Found 50 paper from RSS
Crawl 50, saved at tuoitre.txt


##### **Data Preprocessing**

In [40]:
def clean_text(text):
    text = text.lower()
    text = re.sub(r"\s+", " ", text)
    text = re.sub(r"http\S+|www\S+", "", text)
    text = re.sub(r"\S+@\S+", "", text)
    text = re.sub(r"[^0-9a-zA-ZÀ-Ỹà-ỹ\s\.,!?]", " ", text)
    return text.strip()

In [42]:
with open("tuoitre.txt", "r", encoding="utf-8") as f:
    raw_text = f.read()

cleaned_text = clean_text(raw_text)

with open("tuoitre_clean.txt", "w", encoding="utf-8") as f:
    f.write(cleaned_text)

##### **Model**

###### Defination

In [74]:
class NgramModel:
    def __init__(self, n, alpha=0.01):
        self.n = n
        self.ngram_counts = Counter()
        self.context_counts = Counter()
        self.vocab = set()
        self.alpha = alpha


    '''
    Tokenize text function
    '''
    def tokenize_text(self, text):
        # separate sentences
        sentences = [s.strip() for s in text.split('.') if s.strip()]
        # tokenize
        tokens = [ViTokenizer.tokenize(sent).split() for sent in sentences]
        # Add start-of-sentence (<s>) and end-of-sentence (</s>) tokens
        # to each sentence for proper n-gram training
        tokens = [["<s>"] + t + ["</s>"] for t in tokens]
        return tokens


    '''
    Tokenize sentence function
    '''
    def tokenize_sentence(self, sentence):
        return ["<s>"] + ViTokenizer.tokenize(sentence.lower()).split() + ["</s>"]


    '''
    Model training function
    '''
    def train(self, file_path):
        with open(file_path, "r", encoding="utf-8") as f:
            text = f.read().lower()

        tokens = self.tokenize_text(text)

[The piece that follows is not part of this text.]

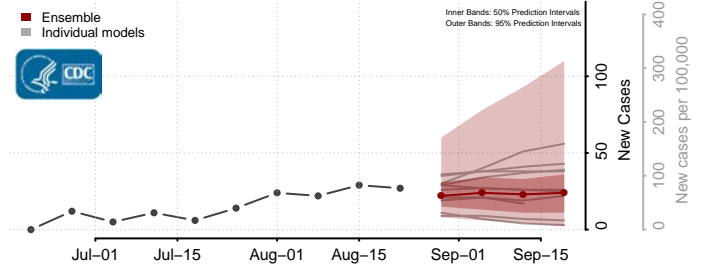

Greenup County, Kentucky

        for sent in tokens:
            self.vocab.update(sent)
            for i in range(len(sent)-self.n+1):
                ngram = tuple(sent[i:i+self.n])
                context = ngram[:-1]
                self.ngram_counts[ngram] += 1
                self.context_counts[context] += 1


    '''
    Probability n-gram
    '''
    def prob(self, ngram):
        context = ngram[:-1]
        count_ngram = self.ngram_counts[ngram]
        count_context = self.context_counts[context]
        V = len(self.vocab)
        return (count_ngram + self.alpha) / (count_context + V * self.alpha)



    '''
    Predict the next word
    '''
    def predict_next(self, context, top_k=5):
        if isinstance(context, str):
            context = ViTokenizer.tokenize(context.lower()).split()
        context = tuple(context[-(self.n-1):])
        candidates = {w: self.prob(context + (w,)) for w in self.vocab}
        sorted_candidates = sorted(candidates.items(),
                                   key=lambda x: x[1], reverse=True)
        return sorted_candidates[:top_k]


    '''
    Probability of a sentence
    '''
    def sentence_prob(self, sentence):
        tokens = self.tokenize_sentence(sentence)
        log_prob = 0.0
        for i in range(len(tokens)-self.n+1):
            ngram = tuple(tokens[i:i+self.n])
            log_prob += math.log(self.prob(ngram))
        return math.exp(log_prob)



###### Training

In [75]:
# Train bigram model
lm2 = NgramModel(n=2)
lm2.train("tuoitre_clean.txt")

# Train trigram model
lm3 = NgramModel(n=3)
lm3.train("tuoitre_clean.txt")

# Test probability of one sentence
sentence = "nhiều khu trung tâm thương mại"
print("Prob (bigram model):", lm2.sentence_prob(sentence))
print("Prob (trigram model):", lm3.sentence_prob(sentence))

# Predict the next word
print("\nPrediction (bigram model):", lm2.predict_next(sentence))
print("Prediction (trigram model):", lm3.predict_next(sentence))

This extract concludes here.